(Recorded data)
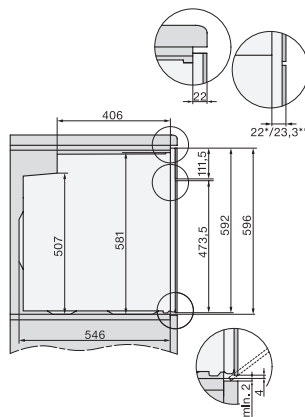

H 7464 BPX 125 Gala Ed  
 Piekarnik bezuchwyty  
 w uniwersalnym wzornictwie z piezoniemierzem i oświetleniem LED.

installation H7000 XL, installation drawing

side view H7000 XL, installation drawings

built-in H7000 XL, installation drawing

H226x-1B/BP/E/EP/I/IP, H2x6xB/BP, H7x6xB/BP/BPX,  
 installation drawings

side view H7000 XL build-under, installation drawing

* Your goal
What you hand back should match the entries above exactly, except that no picture appears.

* Exercise result
H 7464 BPX 125 Gala Ed  
 Piekarnik bezuchwyty  
 w uniwersalnym wzornictwie z piezoniemierzem i oświetleniem LED.

installation H7000 XL, installation drawing

side view H7000 XL, installation drawings

built-in H7000 XL, installation drawing

H226x-1B/BP/E/EP/I/IP, H2x6xB/BP, H7x6xB/BP/BPX,  
 installation drawings

side view H7000 XL build-under, installation drawing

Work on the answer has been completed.